> [Aim of the exercise] The data is to be reproduced in full and without error.

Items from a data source
------------

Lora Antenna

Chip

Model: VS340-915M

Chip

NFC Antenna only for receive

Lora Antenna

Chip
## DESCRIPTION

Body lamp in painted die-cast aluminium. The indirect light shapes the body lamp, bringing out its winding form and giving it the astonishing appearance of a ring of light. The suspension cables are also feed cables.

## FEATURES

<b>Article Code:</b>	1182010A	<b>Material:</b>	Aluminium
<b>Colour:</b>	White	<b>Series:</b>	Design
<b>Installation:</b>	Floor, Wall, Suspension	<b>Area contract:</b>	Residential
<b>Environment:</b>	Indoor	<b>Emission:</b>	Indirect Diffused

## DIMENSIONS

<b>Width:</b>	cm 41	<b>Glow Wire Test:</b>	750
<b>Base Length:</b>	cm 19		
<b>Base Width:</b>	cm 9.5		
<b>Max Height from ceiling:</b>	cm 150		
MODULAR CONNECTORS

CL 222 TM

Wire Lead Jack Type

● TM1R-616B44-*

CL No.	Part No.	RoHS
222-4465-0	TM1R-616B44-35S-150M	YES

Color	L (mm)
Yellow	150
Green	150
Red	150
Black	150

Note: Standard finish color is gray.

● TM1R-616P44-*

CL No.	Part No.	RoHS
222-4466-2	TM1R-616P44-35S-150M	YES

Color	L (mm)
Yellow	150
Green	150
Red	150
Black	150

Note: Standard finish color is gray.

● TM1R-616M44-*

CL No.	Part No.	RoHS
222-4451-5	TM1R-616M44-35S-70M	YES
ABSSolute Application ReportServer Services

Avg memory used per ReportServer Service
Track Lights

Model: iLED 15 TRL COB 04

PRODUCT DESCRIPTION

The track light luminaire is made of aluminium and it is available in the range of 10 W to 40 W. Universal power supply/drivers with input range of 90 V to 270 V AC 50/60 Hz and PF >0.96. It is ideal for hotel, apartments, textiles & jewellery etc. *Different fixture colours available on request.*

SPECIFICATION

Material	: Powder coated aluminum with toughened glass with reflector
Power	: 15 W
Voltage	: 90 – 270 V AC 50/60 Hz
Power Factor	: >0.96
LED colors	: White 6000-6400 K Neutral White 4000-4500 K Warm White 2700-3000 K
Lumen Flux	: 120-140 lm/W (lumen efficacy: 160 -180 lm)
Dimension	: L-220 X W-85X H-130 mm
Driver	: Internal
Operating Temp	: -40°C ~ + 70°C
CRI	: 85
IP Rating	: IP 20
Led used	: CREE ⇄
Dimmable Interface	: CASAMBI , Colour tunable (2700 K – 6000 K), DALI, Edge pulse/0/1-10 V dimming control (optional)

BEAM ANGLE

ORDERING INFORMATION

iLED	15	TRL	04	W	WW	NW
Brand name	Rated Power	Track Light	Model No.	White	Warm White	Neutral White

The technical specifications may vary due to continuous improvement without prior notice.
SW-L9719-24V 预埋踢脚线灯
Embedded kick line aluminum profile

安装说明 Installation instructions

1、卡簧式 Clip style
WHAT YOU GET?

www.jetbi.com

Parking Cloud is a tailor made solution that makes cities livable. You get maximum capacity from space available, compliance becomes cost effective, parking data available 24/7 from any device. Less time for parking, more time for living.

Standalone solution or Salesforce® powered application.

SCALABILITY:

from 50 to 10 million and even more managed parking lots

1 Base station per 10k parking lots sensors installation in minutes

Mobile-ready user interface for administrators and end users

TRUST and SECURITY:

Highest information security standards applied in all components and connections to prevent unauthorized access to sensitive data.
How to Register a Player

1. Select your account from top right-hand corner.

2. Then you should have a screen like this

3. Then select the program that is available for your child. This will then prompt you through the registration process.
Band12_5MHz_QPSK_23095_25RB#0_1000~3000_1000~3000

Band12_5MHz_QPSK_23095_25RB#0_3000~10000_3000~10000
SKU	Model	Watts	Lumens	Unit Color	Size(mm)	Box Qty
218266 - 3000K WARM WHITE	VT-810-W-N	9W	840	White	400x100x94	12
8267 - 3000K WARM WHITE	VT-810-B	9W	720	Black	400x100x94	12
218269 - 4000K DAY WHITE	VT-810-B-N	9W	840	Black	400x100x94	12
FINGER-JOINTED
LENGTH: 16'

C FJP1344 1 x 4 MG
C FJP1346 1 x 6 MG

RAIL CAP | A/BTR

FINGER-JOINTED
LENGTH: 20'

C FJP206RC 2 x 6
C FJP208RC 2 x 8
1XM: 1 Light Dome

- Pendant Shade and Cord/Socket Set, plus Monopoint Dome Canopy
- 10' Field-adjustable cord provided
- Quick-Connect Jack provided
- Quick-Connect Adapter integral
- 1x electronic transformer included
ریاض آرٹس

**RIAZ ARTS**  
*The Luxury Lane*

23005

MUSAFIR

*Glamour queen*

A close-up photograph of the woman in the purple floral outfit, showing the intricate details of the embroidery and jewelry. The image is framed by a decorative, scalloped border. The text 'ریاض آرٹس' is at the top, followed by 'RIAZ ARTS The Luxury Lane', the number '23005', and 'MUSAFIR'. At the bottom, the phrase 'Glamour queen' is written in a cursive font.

------------

> [Exercise solution]
Lora Antenna

Chip

Model: VS340-915M

Chip

NFC Antenna only for receive

Lora Antenna

Chip
## DESCRIPTION

Body lamp in painted die-cast aluminium. The indirect light shapes the body lamp, bringing out its winding form and giving it the astonishing appearance of a ring of light. The suspension cables are also feed cables.

## FEATURES

<b>Article Code:</b>	1182010A	<b>Material:</b>	Aluminium
<b>Colour:</b>	White	<b>Series:</b>	Design
<b>Installation:</b>	Floor, Wall, Suspension	<b>Area contract:</b>	Residential
<b>Environment:</b>	Indoor	<b>Emission:</b>	Indirect Diffused

## DIMENSIONS

<b>Width:</b>	cm 41	<b>Glow Wire Test:</b>	750
<b>Base Length:</b>	cm 19		
<b>Base Width:</b>	cm 9.5		
<b>Max Height from ceiling:</b>	cm 150		
MODULAR CONNECTORS

CL 222 TM

Wire Lead Jack Type

● TM1R-616B44-*

CL No.	Part No.	RoHS
222-4465-0	TM1R-616B44-35S-150M	YES

Color	L (mm)
Yellow	150
Green	150
Red	150
Black	150

Note: Standard finish color is gray.

● TM1R-616P44-*

CL No.	Part No.	RoHS
222-4466-2	TM1R-616P44-35S-150M	YES

Color	L (mm)
Yellow	150
Green	150
Red	150
Black	150

Note: Standard finish color is gray.

● TM1R-616M44-*

CL No.	Part No.	RoHS
222-4451-5	TM1R-616M44-35S-70M	YES
ABSSolute Application ReportServer Services

Avg memory used per ReportServer Service
Track Lights

Model: iLED 15 TRL COB 04

PRODUCT DESCRIPTION

The track light luminaire is made of aluminium and it is available in the range of 10 W to 40 W. Universal power supply/drivers with input range of 90 V to 270 V AC 50/60 Hz and PF >0.96. It is ideal for hotel, apartments, textiles & jewellery etc. *Different fixture colours available on request.*

SPECIFICATION

Material	: Powder coated aluminum with toughened glass with reflector
Power	: 15 W
Voltage	: 90 – 270 V AC 50/60 Hz
Power Factor	: >0.96
LED colors	: White 6000-6400 K Neutral White 4000-4500 K Warm White 2700-3000 K
Lumen Flux	: 120-140 lm/W (lumen efficacy: 160 -180 lm)
Dimension	: L-220 X W-85X H-130 mm
Driver	: Internal
Operating Temp	: -40°C ~ + 70°C
CRI	: 85
IP Rating	: IP 20
Led used	: CREE ⇄
Dimmable Interface	: CASAMBI , Colour tunable (2700 K – 6000 K), DALI, Edge pulse/0/1-10 V dimming control (optional)

BEAM ANGLE

ORDERING INFORMATION

iLED	15	TRL	04	W	WW	NW
Brand name	Rated Power	Track Light	Model No.	White	Warm White	Neutral White

The technical specifications may vary due to continuous improvement without prior notice.
SW-L9719-24V 预埋踢脚线灯
Embedded kick line aluminum profile

安装说明 Installation instructions

1、卡簧式 Clip style
WHAT YOU GET?

www.jetbi.com

Parking Cloud is a tailor made solution that makes cities livable. You get maximum capacity from space available, compliance becomes cost effective, parking data available 24/7 from any device. Less time for parking, more time for living.

Standalone solution or Salesforce® powered application.

SCALABILITY:

from 50 to 10 million and even more managed parking lots

1 Base station per 10k parking lots sensors installation in minutes

Mobile-ready user interface for administrators and end users

TRUST and SECURITY:

Highest information security standards applied in all components and connections to prevent unauthorized access to sensitive data.
How to Register a Player

1. Select your account from top right-hand corner.

2. Then you should have a screen like this

3. Then select the program that is available for your child. This will then prompt you through the registration process.
Band12_5MHz_QPSK_23095_25RB#0_1000~3000_1000~3000

Band12_5MHz_QPSK_23095_25RB#0_3000~10000_3000~10000
SKU	Model	Watts	Lumens	Unit Color	Size(mm)	Box Qty
218266 - 3000K WARM WHITE	VT-810-W-N	9W	840	White	400x100x94	12
8267 - 3000K WARM WHITE	VT-810-B	9W	720	Black	400x100x94	12
218269 - 4000K DAY WHITE	VT-810-B-N	9W	840	Black	400x100x94	12
FINGER-JOINTED
LENGTH: 16'

C FJP1344 1 x 4 MG
C FJP1346 1 x 6 MG

RAIL CAP | A/BTR

FINGER-JOINTED
LENGTH: 20'

C FJP206RC 2 x 6
C FJP208RC 2 x 8
1XM: 1 Light Dome

- Pendant Shade and Cord/Socket Set, plus Monopoint Dome Canopy
- 10' Field-adjustable cord provided
- Quick-Connect Jack provided
- Quick-Connect Adapter integral
- 1x electronic transformer included
ریاض آرٹس

**RIAZ ARTS**  
*The Luxury Lane*

23005

MUSAFIR

*Glamour queen*

A close-up photograph of the woman in the purple floral outfit, showing the intricate details of the embroidery and jewelry. The image is framed by a decorative, scalloped border. The text 'ریاض آرٹس' is at the top, followed by 'RIAZ ARTS The Luxury Lane', the number '23005', and 'MUSAFIR'. At the bottom, the phrase 'Glamour queen' is written in a cursive font.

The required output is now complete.